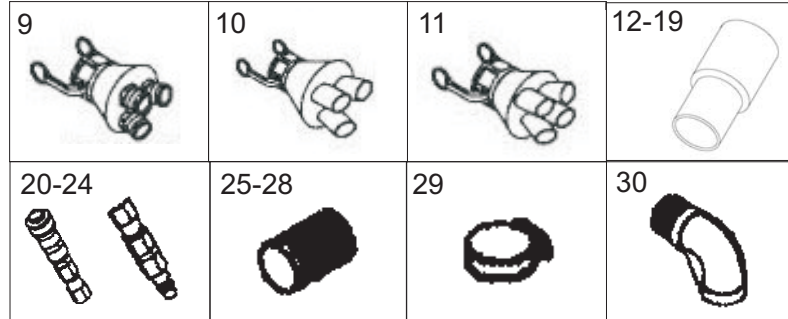

OPTIONAL HOSE ACCESSORIES

9	990062	3 Way connector, $\varnothing 4" \times \varnothing 1.5" \times \varnothing 1.5" \times \varnothing 1.5"$. S/S**	
10	635262	3 Way pipe connector, $\varnothing 2.5" \times \varnothing 1.25" \times \varnothing 1.25" \times \varnothing 1.25"$. S/S**	
11	990063	4 Way pipe connector, $\varnothing 4" \times \varnothing 1.25" \times \varnothing 1.25" \times \varnothing 1.25" \times \varnothing 1.25"$. S/S**	
12	250012	Hose Cuff, SC***, $\varnothing 1"$. Black	
13	250014	Expander Hose Cuff, SC***, $\varnothing 1"$ to $\varnothing 1.5"$. Black	
14	323432	Hose Cuff, SC***, $\varnothing 1.25"$. Black	
15	323434	Hose Cuff, SC***, $\varnothing 1.25"$ to $\varnothing 1.5"$. Black	
16	383436	Hose Cuff, SC***, $\varnothing 1.5"$. Black	
17	383437	Swivel Hose Cuff, SC***, $\varnothing 1.5"$. Black	
18	383435	Expander Hose Cuff, SC***, $\varnothing 1.5"$ to $\varnothing 2"$. Black	
19	500536	Hose Cuff, SC***, $\varnothing 2"$. Black	
20	303126	Quick Disconnect, female, $\varnothing 0.25"$ with $\varnothing 0.25"$ female thread. Brass	
21	211033B	Quick Disconnect, female, $\varnothing 0.5"$ with $\varnothing 0.5"$ female thread. Brass	
22	211034B	Quick Disconnect, female, $\varnothing 1"$ with $\varnothing 1"$ female thread. Brass	
23	211033A	Quick Disconnect, male, $\varnothing 0.5"$ with $\varnothing 0.5"$ female thread. Brass	
24	211034	Quick Disconnect, male, $\varnothing 1"$ with $\varnothing 1"$ female thread. Brass	
25	303123	Nipple, Hex, $\varnothing 0.25"$. NPT brass	
26	211095C	Nipple, Hex, $\varnothing 0.5"$. NPT brass	
27	212940	Nipple, $\varnothing 0.75"$ NPT x 2" LG. S/S**	
28	211034A	Nipple, $\varnothing 1"$. Brass	
29	500159	Clamp, size 32, for hose end	
30	211685	Street Elbow, $\varnothing 0.75"$. S/S**	

SD* - Static Dissipating

S/S** - Stainless Steel AISI 304

SC*** - Static Conductive
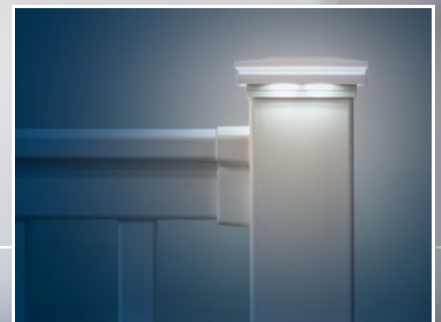

Low Voltage Lighting

Low Voltage Fence and Deck Lighting Solutions

Illusions Vinyl Fence Low Voltage Lighting Caps and Hardware are made to combine safety and quality with aesthetics. Lighting is one way that customers can add a unique touch to their deck, fence, or railing. Illusions lighting products are constructed with only high grade, commercial components.

VPCL55W
5" Neptune Post Cap - White

- Simple and Easy to Install
- No wires to cut - plug together wiring harness
- Single power supply for all lights
- No need for an electrician or electrical permits
- Weather resistant connectors and lights
- Long-lasting LED's
- Housings are durable and UV stable
- Low voltage DC power supply
- Dusk to dawn light sensor
- Available with remote dimmer switch

VPCL44W
4" Neptune Post Cap Light

VDPCL44W
4" Ornamental Downward LV Post Cap Light

VPCL44W
4" Ornamental Downward LV Post Cap Light

VLDOMEW
Dome Side Light - Scalloped Lens

VLSTW
Side/Stair Light (Comes with 2 Covers)
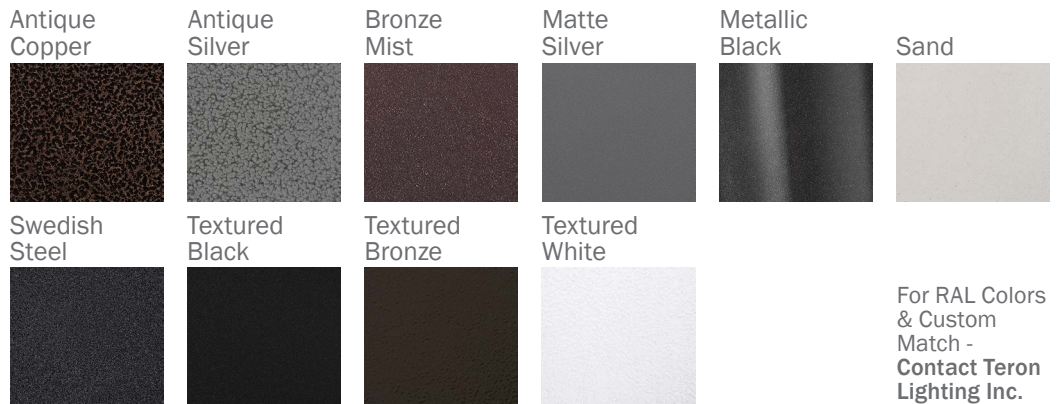

TURNBERRY MSE LED 26"

Architectural Indoor

PROJECT:	
TYPE:	
PO#:	QTY:
COMMENTS:	

FEATURES

- [External Motion Sensor](#)
- Die-Formed Steel Housing w/ Textured White Polyester Powder Coat Finish
- Die Cast Aluminum End Caps w/ Textured White Polyester Powder Coat Finish
- High Impact White Acrylic Diffuser (50% DR Acrylic) w/ Inner Frosted Diffuser
- Aluminum LED Mounting Plate
- Recessed Stainless Steel Screws
- Fixture Mounts Directly to Surface w/ Two Wall Anchors (Not Included)
- 120V - 277V
- Surge Protector
- ADA Compliant
- CSA Listed Damp Location For Wall or Ceiling Mount
- Emergency Driver Available
- LED Light Fixture

LINE DRAWING

FINISHES
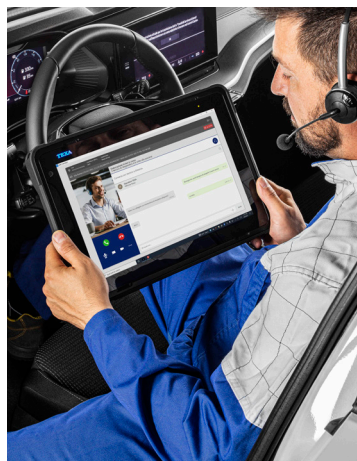

DUAL CAMERAS

8 MP Cameras At Front / Back Supporting Facial Recognition, Remote Assistance, Vehicle Condition or ADAS Calibration
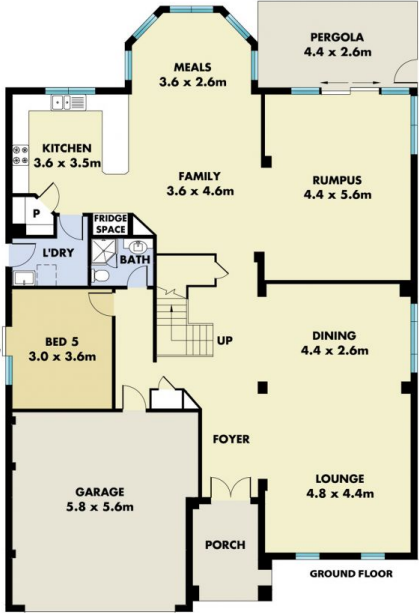

49 VALENTI CRESCENT KELLYVILLE

^^^^^^^^^^^^^^^^

### Task prompt
Among the lines of the data, which ones contain the word "power"? Show them.

### Result of this exercise
- Single power supply for all lights
- Low voltage DC power supply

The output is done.